> _How to complete this task_: Leaving the pictures aside, repeat the entries exactly.

(Data items)
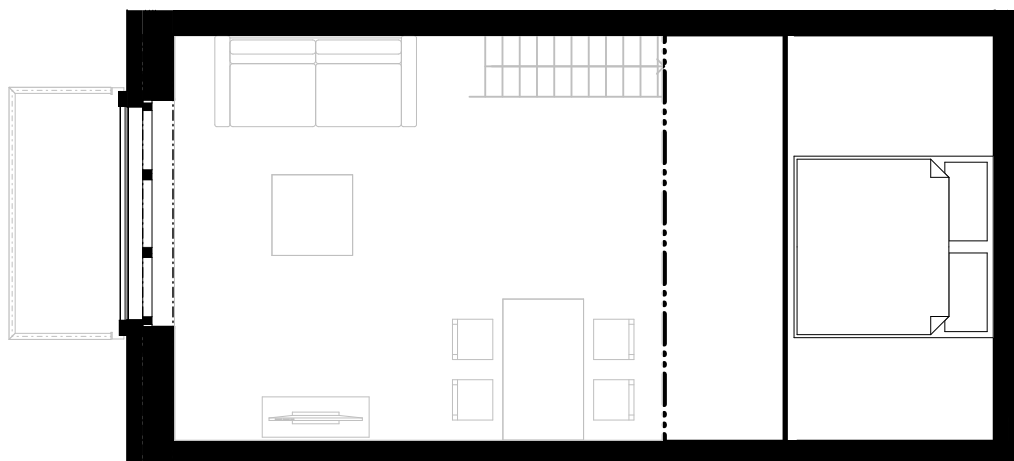

Řez bytem

Byt

Galerie

Loft představuje způsob ateliérového bydlení s velkým vzdušným prostorem. Nabízíme velmi moderně a originálně pojatý „singl“ loft. Dominantou bytu je zvláštní dispozice pro moderní nájemce. Součástí bytu je otevřená galerie, která zajišťuje pohodlné spaní. V koupelně se nachází exkluzivní dlažba, vana se sprchou, WC a pračka. Tento byt je plně vybaven moderní kuchyňskou linkou, která má indukční varnou desku, odsavačem par, kombinovanou mikrovlnnou troubou s funkcí pečení, myčkou na nádobí, lednicí s mrazákem. Na chodbě je prostor pro šatní skříň. V bytě je krásný prostorný balkon a okna s elektricky ovládanými žaluziemi. Jedná se o moderní dřevěné trojsklo. Jsou zde masivní dřevěné parkety a dřevěné dveře. Byt je ekonomicko-ekologický s nízkými náklady pro uživatele.

### Legenda

Chodba	3,3m <sup>2</sup>
Koupelna	4,3m <sup>2</sup>
Pokoj	24,2m <sup>2</sup>
Galerie	13,1m <sup>2</sup>
Balkon	3,0m <sup>2</sup>
<b>Celkem</b>	<b>47,9m<sup>2</sup></b>

M 1:75
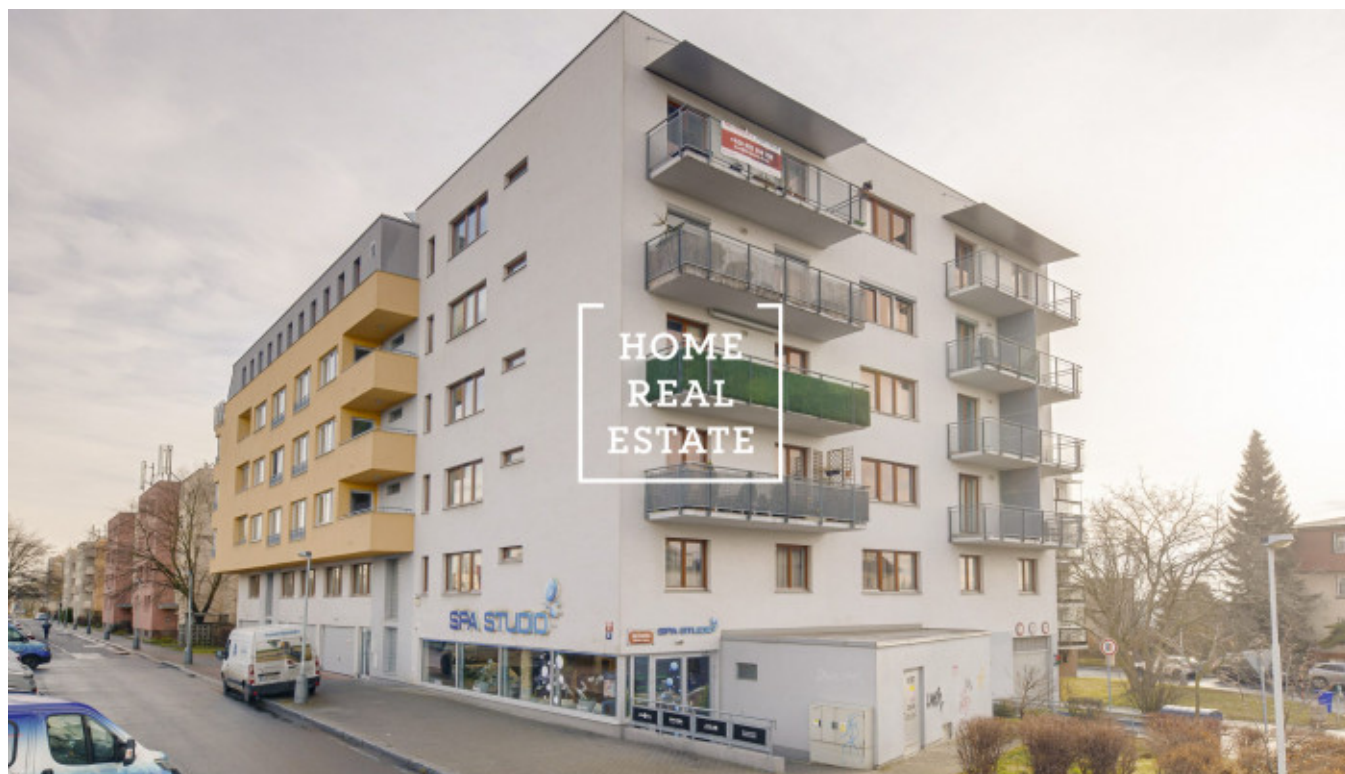

## Аренда квартиры 2+kk, 71 m<sup>2</sup> - Bolívarova, Praha 6

ID	<a href="#">35208</a>	Предложение	Аренда
Группа	2+kk	Меблированная	Меблированная
Форма собственности	Частная	Общая площадь	71 m <sup>2</sup>
Парковка	Да	Город	<a href="#">Прага</a>
Район	<a href="#">Praha 6</a>	Городская часть	<a href="#">Вřevnov</a>
Статус	Реализовано

> _Final answer_:
Řez bytem

Byt

Galerie

Loft představuje způsob ateliérového bydlení s velkým vzdušným prostorem. Nabízíme velmi moderně a originálně pojatý „singl“ loft. Dominantou bytu je zvláštní dispozice pro moderní nájemce. Součástí bytu je otevřená galerie, která zajišťuje pohodlné spaní. V koupelně se nachází exkluzivní dlažba, vana se sprchou, WC a pračka. Tento byt je plně vybaven moderní kuchyňskou linkou, která má indukční varnou desku, odsavačem par, kombinovanou mikrovlnnou troubou s funkcí pečení, myčkou na nádobí, lednicí s mrazákem. Na chodbě je prostor pro šatní skříň. V bytě je krásný prostorný balkon a okna s elektricky ovládanými žaluziemi. Jedná se o moderní dřevěné trojsklo. Jsou zde masivní dřevěné parkety a dřevěné dveře. Byt je ekonomicko-ekologický s nízkými náklady pro uživatele.

### Legenda

Chodba	3,3m <sup>2</sup>
Koupelna	4,3m <sup>2</sup>
Pokoj	24,2m <sup>2</sup>
Galerie	13,1m <sup>2</sup>
Balkon	3,0m <sup>2</sup>
<b>Celkem</b>	<b>47,9m<sup>2</sup></b>

M 1:75

## Аренда квартиры 2+kk, 71 m<sup>2</sup> - Bolívarova, Praha 6

ID	<a href="#">35208</a>	Предложение	Аренда
Группа	2+kk	Меблированная	Меблированная
Форма собственности	Частная	Общая площадь	71 m <sup>2</sup>
Парковка	Да	Город	<a href="#">Прага</a>
Район	<a href="#">Praha 6</a>	Городская часть	<a href="#">Вřevnov</a>
Статус	Реализовано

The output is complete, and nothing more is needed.